SYTO RNASelect Green Fluorescent Cell Stain can be used in live cells or fixed cells. After live cells have been stained, they may be methanol fixed with a minimal loss of staining pattern. Formaldehyde fixation is not recommended since the staining pattern will be altered.

Microscopic image of cells stained with green nucleoli and blue nuclei

Figure 2. Methanol-fixed MRC-5 cells stained with SYTO RNASelect green-fluorescent cell stain. Methanol-fixed MRC-5 cells stained with SYTO RNASelect green-fluorescent cell stain Nuclei were stained with DAPI; the densely stained areas are nucleoli.

Fixed cell nuclear stains

SYTOX nucleic acid stains

SYTOX nucleic acid stains are cell-impermeant, high-affinity nucleic acid stains that will cross a compromised membrane but will not cross the membrane of live cells. This makes them useful dead-cell stains. Upon binding nucleic acids, there is a >500-fold increase in fluorescence. SYTOX dead cell stains are available in a variety of colors for multiplexing and colocalization studies in fixed cells. They are also incorporated into several assays for apoptosis and cell viability.

SYTOX stains can be used in various applications. For example, SYTOX Blue and SYTOX Green nucleic acid stains have been used for DNA counterstains for chromosome labeling. They can also be used for Gram-negative and Gram-positive bacterial staining. SYTOX Deep Red nucleic acid stain has been used for single-cell analysis (Figure 3), tissue sections, 3D cell models, and bacteria.

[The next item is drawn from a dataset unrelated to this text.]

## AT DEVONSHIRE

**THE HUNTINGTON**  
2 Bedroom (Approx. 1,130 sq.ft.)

Microscopic image of cells multiplexed with red nucleic acid stain
Figure 3. Staining of fixed cells. HeLa cells were grown on 96-well plates at a density of 5,000 cells/well. The cells were formaldehyde fixed and detergent permeabilized. The cells were then stained with rabbit polyclonal antibody against tubulin and mouse monoclonal antibody against complex V inhibitor protein followed by Donkey AntiRabbit Alexa Fluor Plus 488 and Donkey AntiMouse Alexa Fluor Plus 555, respectively. The cells were then stained with SYTOX Deep Red Nucleic Acid Stain and Alexa Fluor Plus 405 Phalloidin. Images were taken on an EVOS FL Auto Imaging System.

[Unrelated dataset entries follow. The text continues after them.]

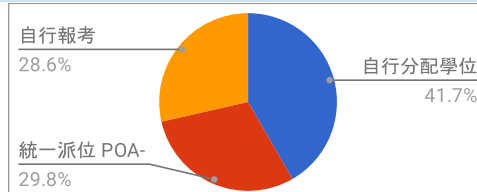

1) 數據資料 Data Information

派出問卷數目 No. of Questionnaires Issued:	90
收回問卷數目 No. of Questionnaires Collected	84
收回問卷百份比 Response Rate	93%

2) 考獲學校途徑 How did you get into the primary school?

自行分配學位 POA-Discretionary Place Admission	35
統一派位 POA-Central Allocation	25
自行報考 Applied on our own	24
	84

3) 統一派位獲派志願 What choice was the primary school allocated to you on your POA-Central Allocation application?

第一志願 1st choice	67
第二志願 2nd choice	9
第三志願 3rd choice	2
第四志願或以後 4th choice or after	6
	84

4) 各類型小學入學分佈 School type distribution

Nuclear fluorescent fusion proteins

CellLight fluorescent fusion proteins are available for nuclear and nuclear protein labeling. CellLight Nucleus (Figure 4) uses a SV40 nuclear localization sequence (1.0 kDa) for identification and demarcation of the nucleus in live-cell imaging experiments. CellLight Histone (Figure 5) uses a histone 2B sequence (13.7 kDa) to follow the dynamics of chromosomal behavior and is particularly useful for real-time imaging of mitotic cell division.

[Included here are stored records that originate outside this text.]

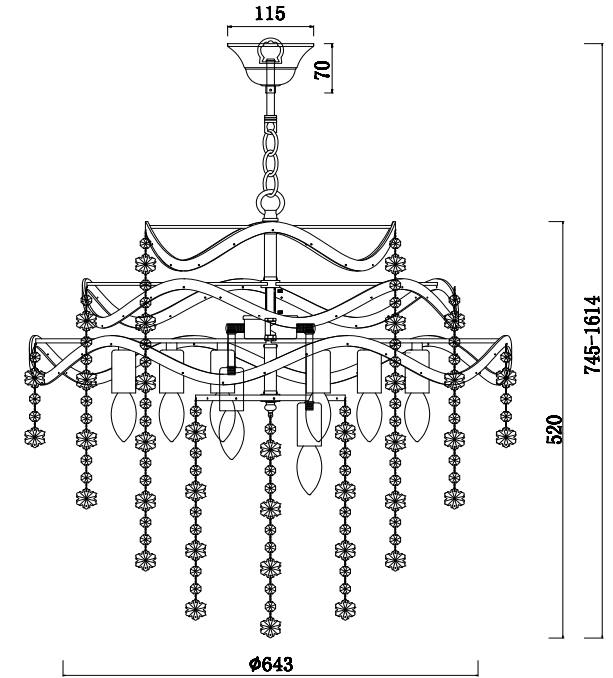

FREYA
TRADITION OF QUALITY

Instruction

FR1001PL-09W

9 x E14 (40W)

Model: FR1001PL-09W
Collection: Crystal
Series: Charlotte

Pendant Lamps

Introducing CellLight fluorescent proteins involves a simple transfection step using the BacMam technology, and they work like cell stains with minimal toxicity or chemical disruption. These nucleus fusion proteins are compatible with other fluorescent probes for multiplex analysis in live cells, or after formaldehyde fixation for colocalization studies.

Learn more about these and other CellLight fluorescent reagents

Microscopic image of cells stained with green and blue nuclei and red actin
Figure 4. HeLa cell Golgi and cytoskeleton imaged using the EVOS FL Auto imaging system. HeLa cells were transduced with CellLight Nucleus-GFP (nucleus, green), grown over night. Following fixation, permeabilization and block using the Image-iT Fixation/Permeabilization Kit, the cystoskeleton was stained using ActinRed555 ReadyProbes reagent (actin, red). Nuclei were counter-stained with NucBlue Fixed cell stain and images were acquired on the EVOS FL Auto imaging system using a 20x objective.
Microscopic image of cells with red histones and green tubulin undergoing mitosis
Figure 5. Live-cell imaging of cytoskeletal and histone dynamics during mitosis using CellLight reagents. U-2OS cells were transduced with CellLight Histone 2B-RFP and CellLight MAP4-GFP. The next day, cells were imaged in McCoy’s media and a 40X objective, with images collected every 5 minutes for 7 hours and 35 minutes. Imaging was performed on live cells using a DeltaVision Core microscope and standard DAPI/FITC/TRITC filter sets.